Public Comments made at Redlands City Council Meeting, May 20, 2015

By Tamara Madai, Resident of Redlands


Throughout its history, Redlands has had citizens whose visions for the city have contributed to quality of life not only for those living in Redlands, but others who come to visit. 


  • There is the Redlands Bowl, a vision of Grace Mullen’s in 1923 that has had the longest running free arts program in the Unites States.
  • The Lincoln Memorial Shrine, a vision of Robert Watchorn, which attracts scholars from around the country, and brings history alive for students.
  • Alfred Smiley founded Associated Charities in 1898, which is now Family Services Association, whose purpose to “alleviate poverty, encourage self-sufficiency and promote the dignity of all.”
  • Albert Smiley, in 1894, established the library that bears his name.
  • Without the vision and hard work of Dr.
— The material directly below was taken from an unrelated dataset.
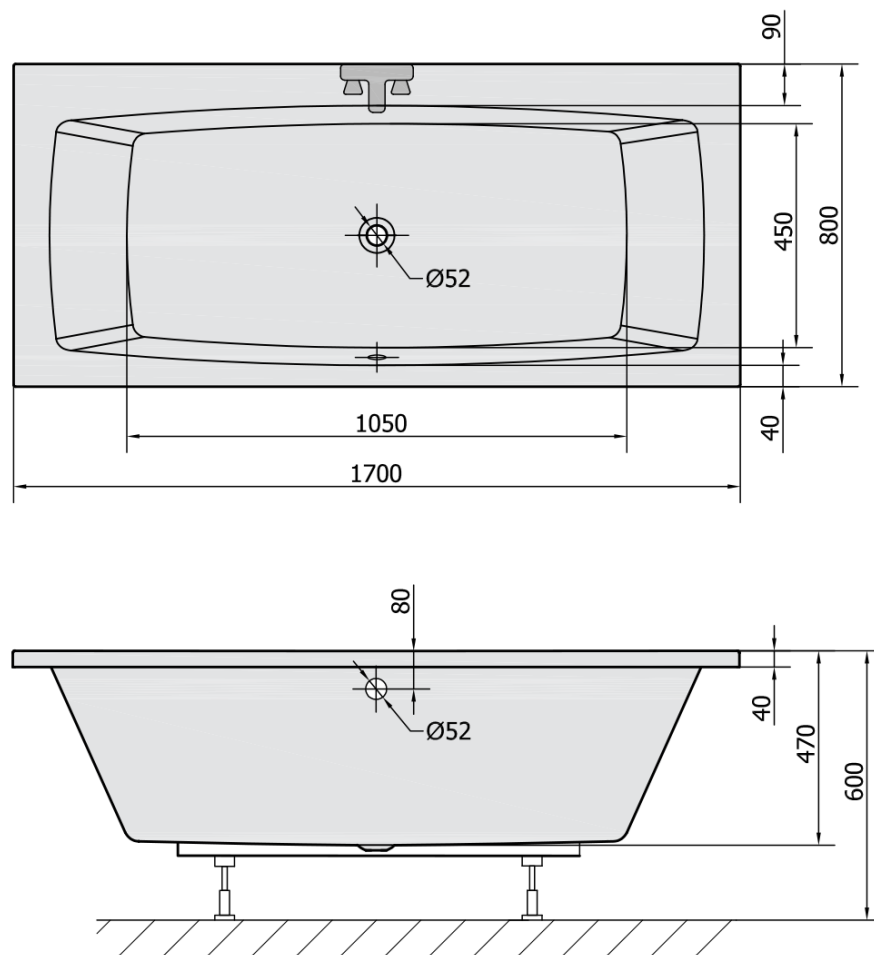

Technical sheet

VOLUME 250L

Harold Hill, we would not have Caroline Park for hiking and enjoying native plants.


Now we have a different type of vision, SANBAG’s stated vision for Redlands: “to provide a mobility alternative to travel on congested roadways and to improve connections to the regional multimodal transportation system.” 


  • The congested roadways are going to be the streets in Redlands as the train goes through 14 street crossings.
  • The train will always operate at a loss that will have to be made up through raising taxes.
  • Some streets will be closed making it difficult for customers to get to stores.
  • The placement of the tracks and possible sound barriers will further physically separate our town.
  • The city will have to build a parking garage for the Orange Street station, which will obscure some of the historic part of the town.
  • Along with the train will come high density development. Unfortunately, this intrusion isn’t going to end with the train.


On last Saturday’s SANBAG program on KTIE, the SANGBAG representatives spoke of active transportation, meaning “human powered,” and making an effort to get people out of their cars. 


I feel like I’m living in a town from an old western movie and a nefarious gang has ridden into my town and taken it over.